# [About this task]
Exclude images; transcribe the rest of the data exactly.

# [Source material]
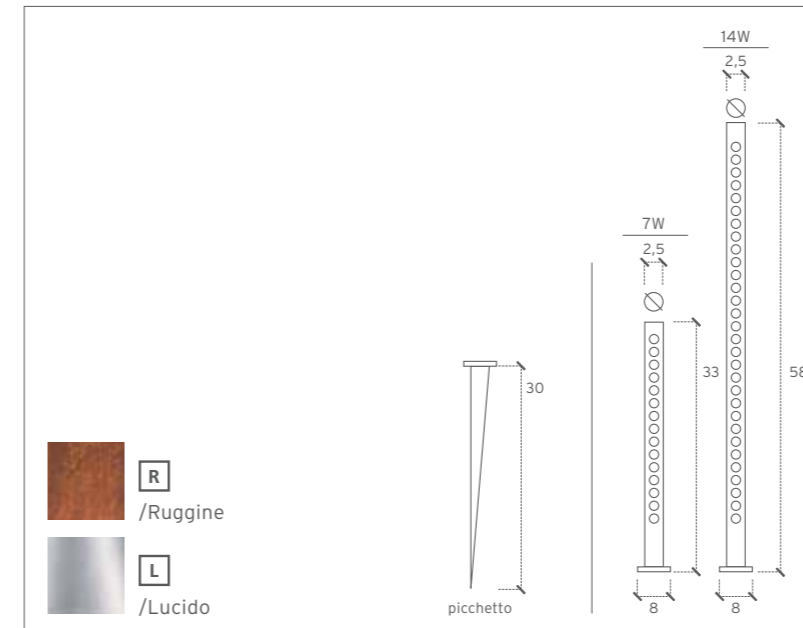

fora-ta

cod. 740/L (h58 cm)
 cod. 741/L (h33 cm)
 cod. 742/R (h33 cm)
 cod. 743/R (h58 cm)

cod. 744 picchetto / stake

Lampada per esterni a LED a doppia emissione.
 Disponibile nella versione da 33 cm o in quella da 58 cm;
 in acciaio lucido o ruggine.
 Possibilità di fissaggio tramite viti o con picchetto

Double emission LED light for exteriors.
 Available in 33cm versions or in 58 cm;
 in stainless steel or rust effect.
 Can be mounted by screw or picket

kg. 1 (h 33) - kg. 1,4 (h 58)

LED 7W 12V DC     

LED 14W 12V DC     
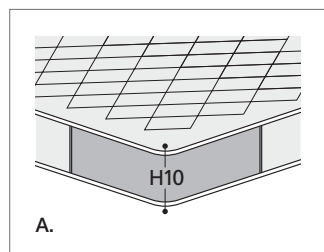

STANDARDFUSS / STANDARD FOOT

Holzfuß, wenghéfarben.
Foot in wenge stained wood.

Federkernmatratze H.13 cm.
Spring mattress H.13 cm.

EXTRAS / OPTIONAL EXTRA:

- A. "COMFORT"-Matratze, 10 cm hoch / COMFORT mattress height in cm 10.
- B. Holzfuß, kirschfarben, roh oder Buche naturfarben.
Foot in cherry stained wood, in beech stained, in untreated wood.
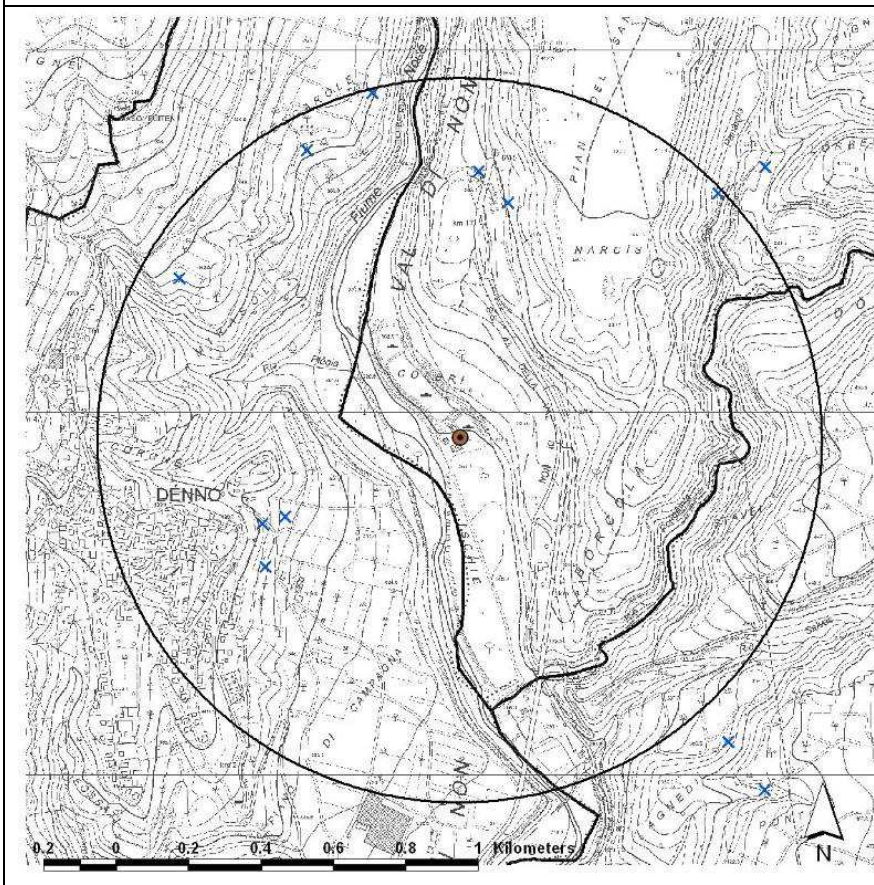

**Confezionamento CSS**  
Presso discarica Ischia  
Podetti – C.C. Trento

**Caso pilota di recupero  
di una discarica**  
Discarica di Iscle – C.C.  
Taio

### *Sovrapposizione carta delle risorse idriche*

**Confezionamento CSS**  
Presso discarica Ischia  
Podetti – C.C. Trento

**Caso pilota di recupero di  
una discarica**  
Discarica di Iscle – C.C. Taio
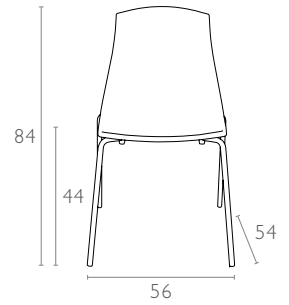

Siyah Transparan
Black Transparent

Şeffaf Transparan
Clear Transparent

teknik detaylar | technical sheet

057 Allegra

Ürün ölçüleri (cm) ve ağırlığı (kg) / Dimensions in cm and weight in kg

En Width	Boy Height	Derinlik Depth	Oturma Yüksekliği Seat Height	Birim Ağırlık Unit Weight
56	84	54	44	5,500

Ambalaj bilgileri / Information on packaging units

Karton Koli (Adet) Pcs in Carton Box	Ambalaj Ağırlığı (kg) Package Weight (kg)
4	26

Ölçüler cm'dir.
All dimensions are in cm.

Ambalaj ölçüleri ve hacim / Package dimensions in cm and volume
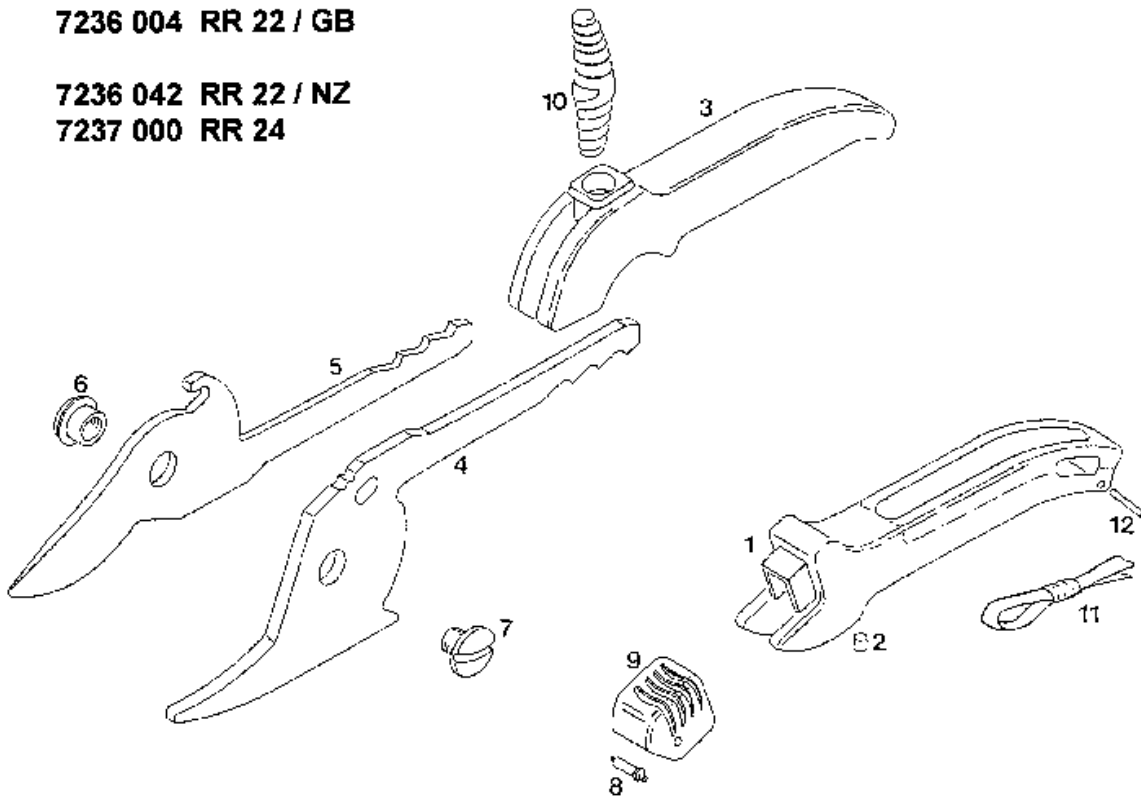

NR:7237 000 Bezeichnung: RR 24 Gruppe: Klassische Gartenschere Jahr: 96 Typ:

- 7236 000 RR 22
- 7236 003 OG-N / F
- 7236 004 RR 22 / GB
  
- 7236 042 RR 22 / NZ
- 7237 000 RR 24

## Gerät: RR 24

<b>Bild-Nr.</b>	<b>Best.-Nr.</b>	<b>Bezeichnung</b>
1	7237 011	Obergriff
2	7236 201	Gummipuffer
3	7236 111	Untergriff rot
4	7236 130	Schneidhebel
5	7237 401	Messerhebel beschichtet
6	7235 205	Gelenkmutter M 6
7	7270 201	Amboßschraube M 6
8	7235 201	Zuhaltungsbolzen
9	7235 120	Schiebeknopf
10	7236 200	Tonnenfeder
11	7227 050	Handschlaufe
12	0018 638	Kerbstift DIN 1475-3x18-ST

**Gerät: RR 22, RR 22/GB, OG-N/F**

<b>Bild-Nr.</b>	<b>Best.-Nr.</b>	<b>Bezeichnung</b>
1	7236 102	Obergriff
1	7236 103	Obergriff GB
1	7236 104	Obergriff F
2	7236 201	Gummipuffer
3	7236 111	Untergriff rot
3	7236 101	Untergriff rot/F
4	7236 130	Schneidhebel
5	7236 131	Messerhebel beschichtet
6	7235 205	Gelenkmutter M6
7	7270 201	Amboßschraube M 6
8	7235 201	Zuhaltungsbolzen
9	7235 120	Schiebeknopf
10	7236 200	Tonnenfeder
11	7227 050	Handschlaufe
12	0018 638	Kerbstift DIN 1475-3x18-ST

# [The completed task]
fora-ta

cod. 740/L (h58 cm)
 cod. 741/L (h33 cm)
 cod. 742/R (h33 cm)
 cod. 743/R (h58 cm)

cod. 744 picchetto / stake

Lampada per esterni a LED a doppia emissione.
 Disponibile nella versione da 33 cm o in quella da 58 cm;
 in acciaio lucido o ruggine.
 Possibilità di fissaggio tramite viti o con picchetto

Double emission LED light for exteriors.
 Available in 33cm versions or in 58 cm;
 in stainless steel or rust effect.
 Can be mounted by screw or picket

kg. 1 (h 33) - kg. 1,4 (h 58)

LED 7W 12V DC     

LED 14W 12V DC     

STANDARDFUSS / STANDARD FOOT

Holzfuß, wenghéfarben.
Foot in wenge stained wood.

Federkernmatratze H.13 cm.
Spring mattress H.13 cm.

EXTRAS / OPTIONAL EXTRA:

- A. "COMFORT"-Matratze, 10 cm hoch / COMFORT mattress height in cm 10.
- B. Holzfuß, kirschfarben, roh oder Buche naturfarben.
Foot in cherry stained wood, in beech stained, in untreated wood.

**Confezionamento CSS**  
Presso discarica Ischia  
Podetti – C.C. Trento

**Caso pilota di recupero  
di una discarica**  
Discarica di Iscle – C.C.  
Taio

### *Sovrapposizione carta delle risorse idriche*

**Confezionamento CSS**  
Presso discarica Ischia  
Podetti – C.C. Trento

**Caso pilota di recupero di  
una discarica**  
Discarica di Iscle – C.C. Taio

Siyah Transparan
Black Transparent

Şeffaf Transparan
Clear Transparent

teknik detaylar | technical sheet

057 Allegra

Ürün ölçüleri (cm) ve ağırlığı (kg) / Dimensions in cm and weight in kg

En Width	Boy Height	Derinlik Depth	Oturma Yüksekliği Seat Height	Birim Ağırlık Unit Weight
56	84	54	44	5,500

Ambalaj bilgileri / Information on packaging units

Karton Koli (Adet) Pcs in Carton Box	Ambalaj Ağırlığı (kg) Package Weight (kg)
4	26

Ölçüler cm'dir.
All dimensions are in cm.

Ambalaj ölçüleri ve hacim / Package dimensions in cm and volume

NR:7237 000 Bezeichnung: RR 24 Gruppe: Klassische Gartenschere Jahr: 96 Typ:

- 7236 000 RR 22
- 7236 003 OG-N / F
- 7236 004 RR 22 / GB
  
- 7236 042 RR 22 / NZ
- 7237 000 RR 24

## Gerät: RR 24

<b>Bild-Nr.</b>	<b>Best.-Nr.</b>	<b>Bezeichnung</b>
1	7237 011	Obergriff
2	7236 201	Gummipuffer
3	7236 111	Untergriff rot
4	7236 130	Schneidhebel
5	7237 401	Messerhebel beschichtet
6	7235 205	Gelenkmutter M 6
7	7270 201	Amboßschraube M 6
8	7235 201	Zuhaltungsbolzen
9	7235 120	Schiebeknopf
10	7236 200	Tonnenfeder
11	7227 050	Handschlaufe
12	0018 638	Kerbstift DIN 1475-3x18-ST

**Gerät: RR 22, RR 22/GB, OG-N/F**

<b>Bild-Nr.</b>	<b>Best.-Nr.</b>	<b>Bezeichnung</b>
1	7236 102	Obergriff
1	7236 103	Obergriff GB
1	7236 104	Obergriff F
2	7236 201	Gummipuffer
3	7236 111	Untergriff rot
3	7236 101	Untergriff rot/F
4	7236 130	Schneidhebel
5	7236 131	Messerhebel beschichtet
6	7235 205	Gelenkmutter M6
7	7270 201	Amboßschraube M 6
8	7235 201	Zuhaltungsbolzen
9	7235 120	Schiebeknopf
10	7236 200	Tonnenfeder
11	7227 050	Handschlaufe
12	0018 638	Kerbstift DIN 1475-3x18-ST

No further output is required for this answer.